In contrast to intention, outsourcing not carried out and material changes, for the time being, serious incidents do not have to be reported via the electronic reporting platform. This is because BaFin is currently developing a uniform digital reporting form for incident reporting. When developing this form, BaFin will take into account its initial experience with incident reports it receives in future, which are expected to be very diverse.

When the reporting regulations have entered into force, BaFin will provide information on its website about the address for reporting serious incidents and the details required. In the long term, it is planned that companies will also use the MVP to report such incidents.

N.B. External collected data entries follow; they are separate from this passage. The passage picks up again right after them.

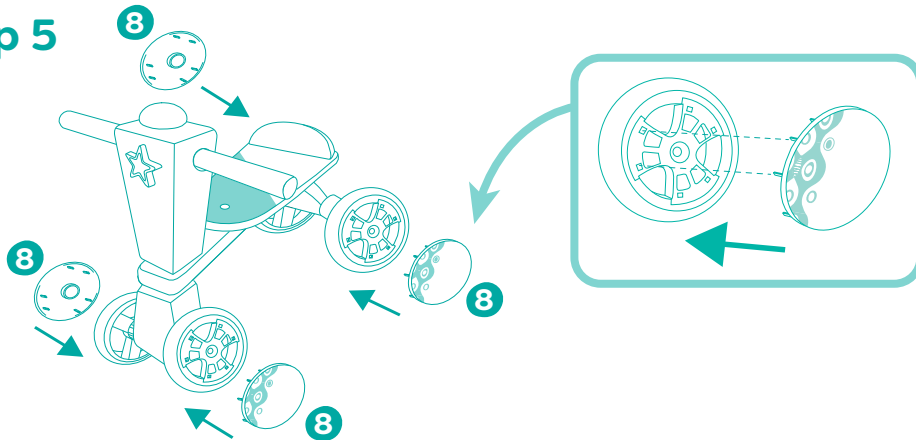

B.

18+
months

Smooth Rider™
Wooden Toddler Bike

List of Pieces

Hardware List

Tool List

Hex wrench (included)

Philips screwdriver
(not included)

(included)

(included)

Step 1

Step 2

Step 3

*Hold axle **F** with Tool **11** while twisting Part **D** with Tool **12**

Step 4

*Hold axle **G** with Tool **11** while twisting Part **D** with Tool **12**

Step 5

Voilà!

CAUTION: • Adult assembly required. Keep plastic bags out of children's reach during and after assembly. • Please remove all packaging before use. • Plastic bags pose risk of suffocation. Keep away from young infants and children. • Follow instruction sheet accurately for assembly. • Small parts such as plastic bag, screw and other packaging material may have sharp edges. Keep away from children. • Inspect all screws and assembly before giving to children. • This toy is to be used only under adult supervision. • This is a ride-on toy and not to be used as a walker. • Please store indoors as exposure to sunlight may fade colors. • Only one child can ride at a time. Toy is designed for children aged 18 months and up, and can hold up to **90lbs (40kg)**. • This toy should always be used with caution since skill is required to avoid falls or collisions. • Misuse of toy could result in injury of rider and/or spectators. Instruct children on proper use of this toy before play. • Ride only in a safe environment. Avoid dangerous areas. Never use on roadways, near motor vehicles, near steep inclines and steps, or near swimming pools and other bodies of water. • Keep out of rain or puddles as moisture may lead to mildew on wood and rusted components. • This toy may be used outdoors as well, but should not come in close proximity to swimming pools, ponds, beaches and/or any area with wet, muddy and rough ground. • Wipe clean only.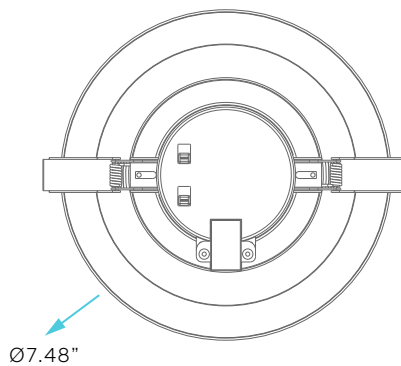

Project:	
Type:	
Catalog #:	

Commercial Downlight

4", 6", 8"

SPECIFICATIONS

ELECTRICAL

MODEL	DESCRIPTION	POWER	LUMEN	EFFICACY	INPUT VOLTS	DIMMABLE	FREQUENCY	LIFETIME	POWER FACTOR
23948	LED/CDL4HO/3WO/3CCT/B/JB	9W	810	90	120-277V	0-10V	50/60Hz	50,000	>0.9
		12W	1080						
		15W	1350						
23951	LED/CDL6HO/3WO/3CCT/B/JB	12W	1140	90	120-277V	0-10V	50/60Hz	50,000	>0.9
		16W	1520						
		20W	1900						
23959	LED/CDL8HO/3WO/3CCT/B/JB	16W	1600	90	120-277V	0-10V	50/60Hz	50,000	>0.9
		21W	2100						
		27W	2700						

GENERAL

DIMENSIONS

4"

6"

8"

Cutout: Ø 4.30"

Cutout: Ø 6.30"

Cutout: Ø 7.87"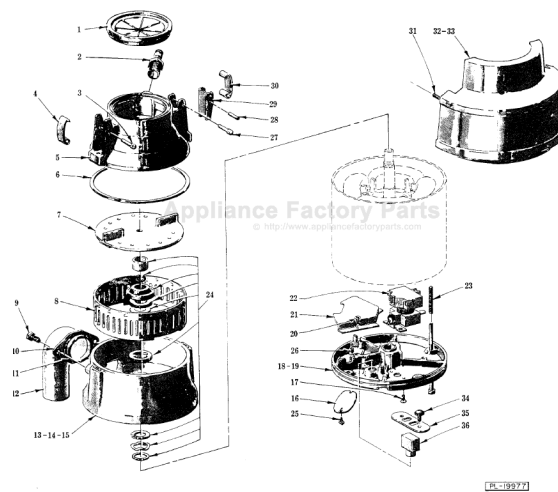

[Find Your KITCHENAID Disposal Parts - Select From 75 Models](#)

----- Manual continues below -----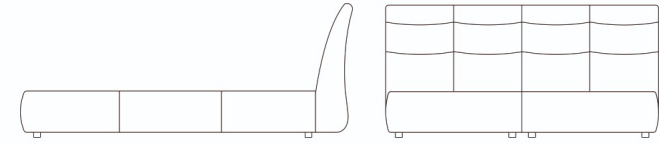

KLER

Belcanto
L050

ADDITIONAL INFORMATION

KLER

**Belcanto
L050**

1. Back of headboard covered with technical fabric. As an option: back covered with leather or fabric
2. Frames in beds with storage: metall+wood with gas springs
3. Model can have contrast stitchings

Leather

Fabric

DIMENSIONS: WIDTH/DEPTH/HEIGHT

**S160 / S180
S160S / S180S**

S160
174 / 233 / h 94

S160S
177 / 233 / h 94

S180
194 / 233 / h 94

S180S
197 / 233 / h 94

DIMENSIONS MAY DIFFER FROM THE REAL ONES (ALLOWANCE +/- 4 cm)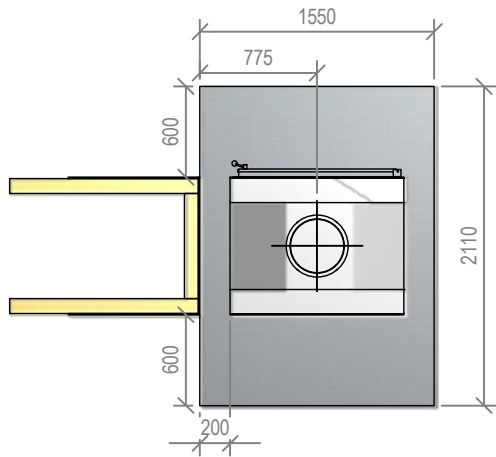

Warmington Open Wood Fire

SI 1100 Twin Free Standing Taper Top Fire

Fire, Flue System to Comply with NZS 5261 / 5262 : 2003

Due to continued product improvement, Warmington Ind LTD reserves the right to change product specifications without prior notification.

Read all the instructions carefully before commencing the Installation. Failure to follow these instructions may result in a fire hazard and void the warranty

For Specification See: www.warmington.co.nz

Copyright ©

Warmington Industries Ltd.			
PH: 09 273 9227 FAX: 09 273 9241 WEB: www.warmington.co.nz			
TITLE	SI 1100 TWIN FREE STANDING TAPER TOP FIRE		
DRAWN	ALAN	DATE	15/06/11
SCALE	NOT TO SCALE	REVISION	01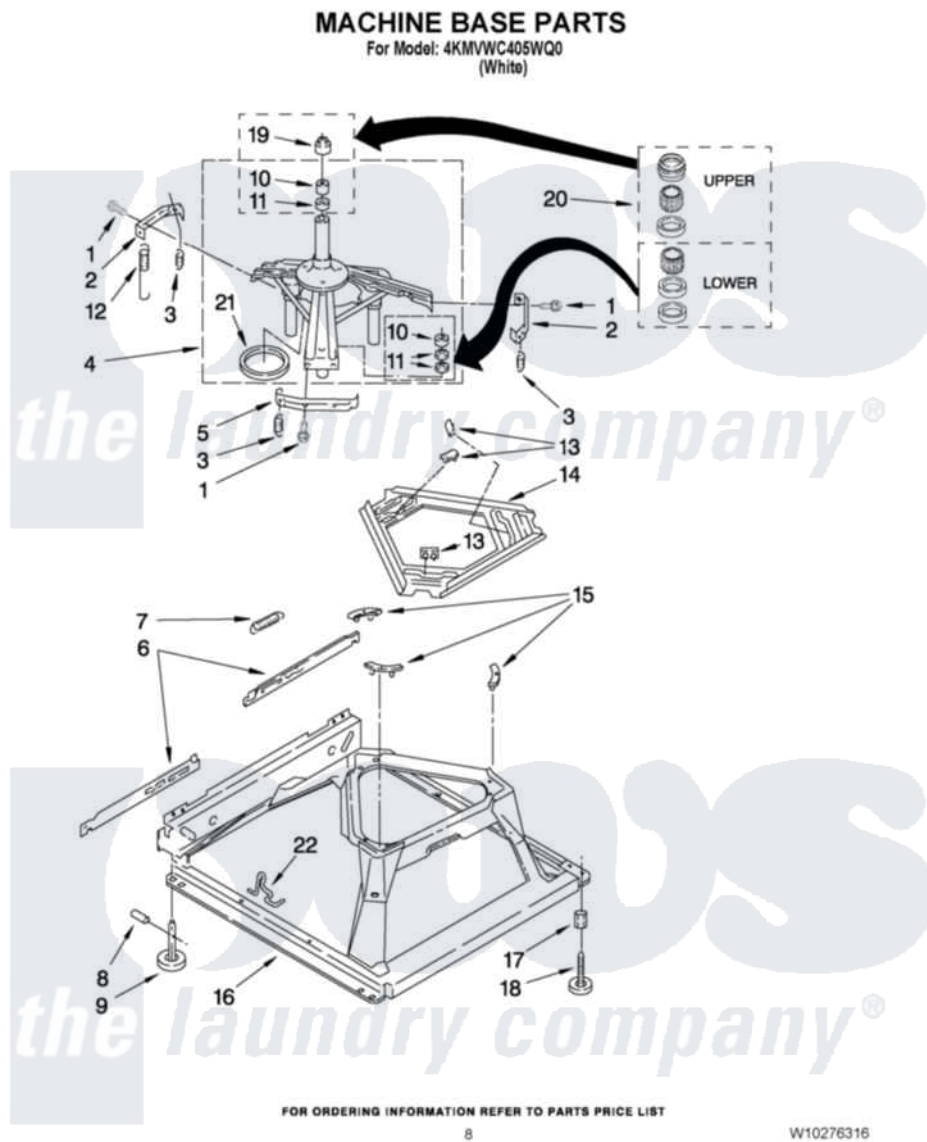

# Maytag 4KMVWC405WQ0 05 - MACHINE BASE PARTS

Maytag [Residential Maytag 4KMVWC405WQ0 Washer Parts](#) Parts Diagram 05 - MACHINE BASE PARTS  
Click on the part number to view part

Item	Original Part Number	Replaced By	Status	Part Description
1	<a href="#">3400076</a>			Screw, Bracket Mounting
2	<a href="#">64067</a>			Bracket, Spring Outer
3	<a href="#">63907</a>			Spring, Suspension
4	8575214	<a href="#">280184</a>		Support
5	<a href="#">64065</a>			Bracket, Spring Outer
6	<a href="#">63466</a>			Link, Leveling Mechanism
7	62597	<a href="#">8316845</a>		Spring
8	<a href="#">62837</a>			Pin, Knurled
9	62596	<a href="#">285244</a>		Feet-Leveling
10	<a href="#">8546455</a>			Bearing, Centerpost
11	357409	<a href="#">359449</a>		Seal, Agitator Shaft
12	<a href="#">W10250667</a>			Spring, Counterweight
13	62568	<a href="#">285219</a>		Pad
14	<a href="#">3946509</a>			Plate, Suspension
15	3363660	<a href="#">285744</a>		Pad
16	3946512	<a href="#">285771</a>		Base

17	<a href="#">3359452</a>	Nut, Lock
18	<a href="#">W10001130</a>	Foot, Leveling
19	<a href="#">8577376</a>	Seal, Centerpost
20	<a href="#">285203</a>	Centerpost Bearing Kit
21	<a href="#">63134</a>	Ring, Sound Deadening
22	<a href="#">W10145155</a>	Retainer, Suspension Spring

Map provides supervisors with an overview

What happens with the data BaFin receives via the MVP? Firstly, BaFin assesses reports as soon as they are received as part of its ongoing supervision and, where necessary, orders direct measures against the external service provider. In addition, the data are saved in a database for all relevant BaFin sectors. Dr Sibel Kocatepe and her colleagues regularly use this database and derive from it findings relevant across BaFin’s supervisory areas.

Map

© BaFin

And how does that work exactly? Firstly, BaFin’s experts create a graphic representation of the data in the form of outsourcing maps. These maps show red and grey points with lines of different sizes, alongside lots of numbers. For the uninitiated, they may look like constellations in the night sky, but specialists understand them instantly: they can identify concentration risks, even if these risks arise at the fourth or fifth service provider in an outsourcing chain. Sometimes it is only at this level that it becomes apparent that the same service provider is contracted by numerous companies and provides services to a variety of companies. Supervisors need this knowledge in order to adequately monitor service providers. This also shows which multiple client service providers BaFin should focus its attention on.